Jo Nesbø on Contradictory Characters in His Book KILLING MOON | Inside the Book

Author Q&A

PENGUIN RANDOM HOUSE:Let’s talk about Detective Harry Hole today. Can you talk about how, exactly, you dreamed him up?

JO NESBO: He came to life on a plane from Oslo to Sydney. I didn’t see him that clearly to begin with. I probably still don’t see him clearly. I can see him out of the corner of my eye. I wanted a big man – a man who took up room physically and also mentally. And so he was, I guess, a typical Norwegian male. He isn’t the kind of guy that speaks a lot. He will speak his mind and he will sort of make you know how he feels, but he won’t do it all the time. He is, in many ways, a traditional detective hero, meaning that he is a hard drinker, hard worker, a loner. But then again he is a realistic guy. He is also a full-blown alcoholic. He is not the typical hard-boiled American detective, who is a hard drinker and who wakes up in the morning making cool remarks about his hangover. When Harry starts drinking he stops functioning. He can’t work.

PRH: What about Harry Hole’s past?

JN: He has had relationships with women, but he has been hurt. Everyone he has ever loved has been taken away from him. When he was real young, his mother died. His first girlfriend committed suicide. And then a close colleague was killed. So I think he is a marked man. He feels that anyone he loves will be taken away from him.
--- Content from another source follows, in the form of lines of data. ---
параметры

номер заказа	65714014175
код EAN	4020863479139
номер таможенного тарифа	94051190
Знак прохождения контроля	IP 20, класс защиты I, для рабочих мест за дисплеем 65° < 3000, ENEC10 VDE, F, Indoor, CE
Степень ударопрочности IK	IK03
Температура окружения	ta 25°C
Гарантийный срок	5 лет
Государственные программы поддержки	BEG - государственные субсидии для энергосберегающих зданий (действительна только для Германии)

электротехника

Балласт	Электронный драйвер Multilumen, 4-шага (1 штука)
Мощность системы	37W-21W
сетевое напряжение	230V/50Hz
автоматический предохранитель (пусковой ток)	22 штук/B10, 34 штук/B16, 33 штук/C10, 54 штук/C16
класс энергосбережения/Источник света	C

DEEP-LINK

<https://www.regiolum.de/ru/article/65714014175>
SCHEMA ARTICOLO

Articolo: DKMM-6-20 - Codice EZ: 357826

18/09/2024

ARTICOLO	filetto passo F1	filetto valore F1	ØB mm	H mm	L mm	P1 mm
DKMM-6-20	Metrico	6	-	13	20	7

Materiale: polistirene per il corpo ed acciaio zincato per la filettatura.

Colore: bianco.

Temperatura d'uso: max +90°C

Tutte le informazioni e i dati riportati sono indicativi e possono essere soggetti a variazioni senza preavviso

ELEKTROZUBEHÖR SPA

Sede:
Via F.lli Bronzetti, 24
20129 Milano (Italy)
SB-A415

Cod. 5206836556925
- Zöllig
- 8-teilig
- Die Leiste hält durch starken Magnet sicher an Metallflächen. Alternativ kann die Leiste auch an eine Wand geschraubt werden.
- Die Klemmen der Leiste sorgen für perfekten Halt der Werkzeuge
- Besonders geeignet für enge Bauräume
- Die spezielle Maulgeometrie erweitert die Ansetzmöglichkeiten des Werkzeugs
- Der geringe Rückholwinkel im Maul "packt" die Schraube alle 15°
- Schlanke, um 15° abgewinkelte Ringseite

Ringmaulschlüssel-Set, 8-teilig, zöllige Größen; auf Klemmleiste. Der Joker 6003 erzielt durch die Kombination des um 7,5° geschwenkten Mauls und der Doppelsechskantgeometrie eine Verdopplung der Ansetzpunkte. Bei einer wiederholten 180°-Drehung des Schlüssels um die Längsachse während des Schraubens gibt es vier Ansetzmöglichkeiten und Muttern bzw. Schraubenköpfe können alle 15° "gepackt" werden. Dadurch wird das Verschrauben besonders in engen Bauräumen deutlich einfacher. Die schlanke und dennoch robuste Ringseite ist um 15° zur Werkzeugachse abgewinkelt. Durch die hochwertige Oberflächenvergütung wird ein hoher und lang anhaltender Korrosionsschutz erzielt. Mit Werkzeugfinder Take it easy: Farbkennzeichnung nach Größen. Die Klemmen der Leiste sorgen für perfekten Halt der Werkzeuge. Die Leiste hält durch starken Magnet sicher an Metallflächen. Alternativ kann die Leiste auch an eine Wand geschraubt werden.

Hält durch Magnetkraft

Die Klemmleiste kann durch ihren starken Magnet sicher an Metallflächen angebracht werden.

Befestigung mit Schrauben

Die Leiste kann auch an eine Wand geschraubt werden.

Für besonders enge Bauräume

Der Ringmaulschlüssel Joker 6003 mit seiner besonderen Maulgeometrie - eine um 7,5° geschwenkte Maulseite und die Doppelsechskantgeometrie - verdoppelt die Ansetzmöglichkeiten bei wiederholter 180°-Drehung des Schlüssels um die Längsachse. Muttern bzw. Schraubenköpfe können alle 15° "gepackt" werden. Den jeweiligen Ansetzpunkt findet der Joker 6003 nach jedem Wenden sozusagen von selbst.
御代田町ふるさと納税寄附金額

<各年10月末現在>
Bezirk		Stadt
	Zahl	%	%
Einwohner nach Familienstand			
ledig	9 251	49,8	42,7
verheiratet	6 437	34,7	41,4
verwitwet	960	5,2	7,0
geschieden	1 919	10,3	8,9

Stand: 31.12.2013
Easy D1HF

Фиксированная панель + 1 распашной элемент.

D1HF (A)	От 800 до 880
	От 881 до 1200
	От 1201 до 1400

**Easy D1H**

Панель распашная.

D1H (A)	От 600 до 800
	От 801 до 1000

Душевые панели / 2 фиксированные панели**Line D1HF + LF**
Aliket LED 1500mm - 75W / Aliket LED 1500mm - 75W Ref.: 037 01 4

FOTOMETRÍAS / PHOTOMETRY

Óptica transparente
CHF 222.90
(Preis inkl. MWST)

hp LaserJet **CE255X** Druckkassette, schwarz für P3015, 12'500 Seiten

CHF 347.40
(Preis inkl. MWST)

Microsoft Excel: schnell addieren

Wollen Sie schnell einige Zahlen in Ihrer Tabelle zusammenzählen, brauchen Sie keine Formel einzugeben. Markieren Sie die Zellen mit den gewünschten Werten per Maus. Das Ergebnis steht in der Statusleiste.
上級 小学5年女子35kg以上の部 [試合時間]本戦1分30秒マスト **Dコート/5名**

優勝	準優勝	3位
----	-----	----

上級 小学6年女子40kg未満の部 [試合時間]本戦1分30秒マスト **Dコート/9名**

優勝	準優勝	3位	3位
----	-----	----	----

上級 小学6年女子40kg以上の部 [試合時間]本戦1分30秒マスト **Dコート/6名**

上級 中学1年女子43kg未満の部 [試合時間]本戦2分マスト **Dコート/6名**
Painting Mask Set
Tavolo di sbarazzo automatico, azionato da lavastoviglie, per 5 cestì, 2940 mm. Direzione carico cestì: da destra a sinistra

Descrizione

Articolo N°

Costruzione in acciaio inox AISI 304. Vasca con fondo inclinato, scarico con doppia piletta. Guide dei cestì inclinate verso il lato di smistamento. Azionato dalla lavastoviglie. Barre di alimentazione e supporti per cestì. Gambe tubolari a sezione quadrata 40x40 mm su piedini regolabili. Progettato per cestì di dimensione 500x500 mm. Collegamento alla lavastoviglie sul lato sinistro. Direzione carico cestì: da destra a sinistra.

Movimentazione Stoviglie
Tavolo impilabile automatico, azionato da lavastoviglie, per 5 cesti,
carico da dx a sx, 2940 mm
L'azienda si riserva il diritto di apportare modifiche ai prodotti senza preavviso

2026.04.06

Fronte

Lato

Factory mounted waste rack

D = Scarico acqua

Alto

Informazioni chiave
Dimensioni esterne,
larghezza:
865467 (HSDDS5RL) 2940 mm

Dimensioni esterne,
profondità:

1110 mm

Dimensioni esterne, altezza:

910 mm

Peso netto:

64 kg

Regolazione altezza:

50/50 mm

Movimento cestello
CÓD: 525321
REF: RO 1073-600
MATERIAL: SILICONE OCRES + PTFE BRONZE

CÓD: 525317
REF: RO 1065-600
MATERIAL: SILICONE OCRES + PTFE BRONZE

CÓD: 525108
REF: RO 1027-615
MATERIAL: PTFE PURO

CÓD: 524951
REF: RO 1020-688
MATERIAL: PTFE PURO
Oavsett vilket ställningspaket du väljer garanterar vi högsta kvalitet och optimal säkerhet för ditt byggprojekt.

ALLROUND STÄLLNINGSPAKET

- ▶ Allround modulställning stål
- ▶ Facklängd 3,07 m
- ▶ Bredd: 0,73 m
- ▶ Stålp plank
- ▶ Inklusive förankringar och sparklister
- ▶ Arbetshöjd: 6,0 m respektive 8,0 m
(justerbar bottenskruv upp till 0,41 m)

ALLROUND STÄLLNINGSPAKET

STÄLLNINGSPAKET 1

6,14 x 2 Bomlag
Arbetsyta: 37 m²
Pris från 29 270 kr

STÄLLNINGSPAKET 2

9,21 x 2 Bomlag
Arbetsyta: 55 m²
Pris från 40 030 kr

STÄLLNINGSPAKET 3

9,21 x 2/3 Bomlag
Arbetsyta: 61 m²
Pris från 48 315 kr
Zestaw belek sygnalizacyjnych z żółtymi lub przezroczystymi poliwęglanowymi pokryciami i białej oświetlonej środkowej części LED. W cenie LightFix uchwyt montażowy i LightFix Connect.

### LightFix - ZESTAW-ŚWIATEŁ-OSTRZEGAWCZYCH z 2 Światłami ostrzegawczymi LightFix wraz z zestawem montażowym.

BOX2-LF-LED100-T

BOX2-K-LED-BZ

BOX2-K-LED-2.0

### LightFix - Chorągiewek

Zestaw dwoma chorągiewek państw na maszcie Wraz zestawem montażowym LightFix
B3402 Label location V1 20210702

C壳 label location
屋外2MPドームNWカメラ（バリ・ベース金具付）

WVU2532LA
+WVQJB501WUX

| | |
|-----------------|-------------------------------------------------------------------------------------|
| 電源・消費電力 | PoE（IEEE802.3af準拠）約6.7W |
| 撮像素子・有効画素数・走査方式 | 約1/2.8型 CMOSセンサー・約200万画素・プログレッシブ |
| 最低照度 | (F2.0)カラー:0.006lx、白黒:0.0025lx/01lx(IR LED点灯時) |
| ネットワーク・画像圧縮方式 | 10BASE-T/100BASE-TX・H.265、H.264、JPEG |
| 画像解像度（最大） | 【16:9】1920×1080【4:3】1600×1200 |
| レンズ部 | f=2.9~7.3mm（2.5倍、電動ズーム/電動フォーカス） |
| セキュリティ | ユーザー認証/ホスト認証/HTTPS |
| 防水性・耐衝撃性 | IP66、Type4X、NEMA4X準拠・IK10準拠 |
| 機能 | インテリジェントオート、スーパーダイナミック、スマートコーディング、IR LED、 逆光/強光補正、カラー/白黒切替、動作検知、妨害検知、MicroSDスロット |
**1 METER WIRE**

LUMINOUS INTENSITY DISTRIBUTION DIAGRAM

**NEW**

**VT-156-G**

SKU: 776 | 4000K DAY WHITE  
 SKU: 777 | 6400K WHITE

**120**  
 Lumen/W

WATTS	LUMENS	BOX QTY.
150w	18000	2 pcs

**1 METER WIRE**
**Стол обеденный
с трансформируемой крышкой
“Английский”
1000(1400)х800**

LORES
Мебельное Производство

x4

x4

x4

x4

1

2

His love is like a vampire’s bite. So that has formed him as a character. He is also a man of contradictions. He does believe in the legal system. He does believe in the Scandinavian political system. On the other hand, I think, he sees that catching the killer doesn’t solve much. And putting them behind bars doesn’t give him satisfaction any longer. Still he is there for the hunt.

PRH:Did you know at the get-go that he was going to have so many reappearances? That Harry was going to be a recurring character throughout the novels?

JN: Not when I wrote the first novel. And probably not when I wrote the second novel. But by the third novel he had developed as a character. So I probably knew by then that I was so interested in this character, and that I would use him for a while. And I actually sat down and I wrote a long storyline for Harry. I wasn’t sure I was going to use that storyline or write so many novels that I would actually get to finish that story line. But by now it seems like I am going to follow Harry all the way through the end. And there will be an end.